This paper demonstrate the importance of liquidity to asset pricing. It shows that liquidity is strongly related to the persistence of the momentum anomaly, which has not been explained by standard asset-pricing models to date. Most of these models take the stand that expected returns vary across assets because of variations in risk (see, e.g., Ferson and Jagannathan (1996)). Typically, the effects of market frictions, such as transaction costs, are ignored.
From a theoretical standpoint, one might argue that transaction costs can be ignored in the pricing of financial assets because investors can choose to trade only in liquid assets with low transaction costs and hold higher transaction-costs assets for longer periods (see, e.g., Constantinides (1986). See also Heaton and Lucas (1996), and Vayanos (1998)).

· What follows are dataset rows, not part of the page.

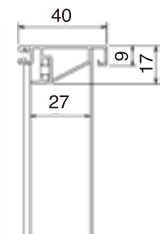

品番	カラー	商品コード	外寸法(W×H×D)	重量	本体価格
GR3416	ナチュラル	sfc002	450×450×40mm	2.2kg	¥18,500
GR3417	ブラウン	sfc003	450×450×40mm	2.2kg	¥18,000
GR3420	ナチュラル	sfc004	600×600×40mm	2.9kg	¥26,000
GR3421	ブラウン	sfc005	600×600×40mm	2.9kg	¥27,000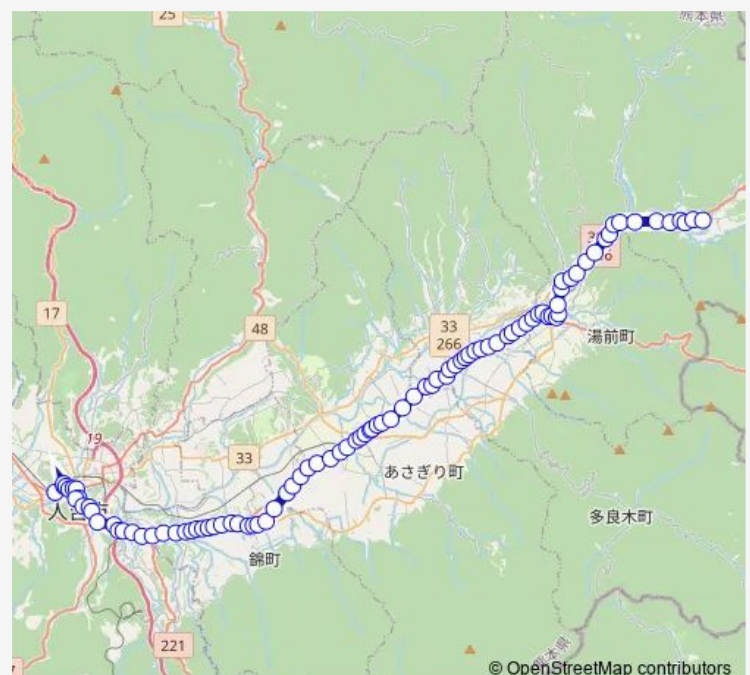

上一丸

久保宇野

新宮寺前

Route schedule

人吉産交 — 市房登山口

Monday 07:20

Tuesday 07:20

Wednesday 07:20

Thursday 07:20

Friday 07:20

Saturday —

Sunday —

Route info

Direction: 人吉産交

Stops: 95

Trip Duration: 1 hour 24 min

■ 人吉産交→医療センター～西村～球磨支援学校→
市房登山口

球磨中央高校前

下井手の口

井手の口

旧西村農協前

錦西小学校入口

内門

西村久保

Hence, when transaction costs are amortized over the expected holding period they become rather small and of second order. This argument assumes that transaction costs are constant and that investor are free to choose when to trade. However, these two assumptions may not hold in practice. First, this paper shows empirically that liquidity varies over time, which raises the possibility of a premium associated with liquidity risk. For example, when considering whether to undertake a large investment, an arbitrageur may demand a premium for bearing the risk of incurring large costs when closing out the position in the future. Second, investors may be impatient to execute their trades or they might be subject to liquidity shocks, forcing them to liquidate their positions. This paper finds that transaction costs can impose a first order effect on prices.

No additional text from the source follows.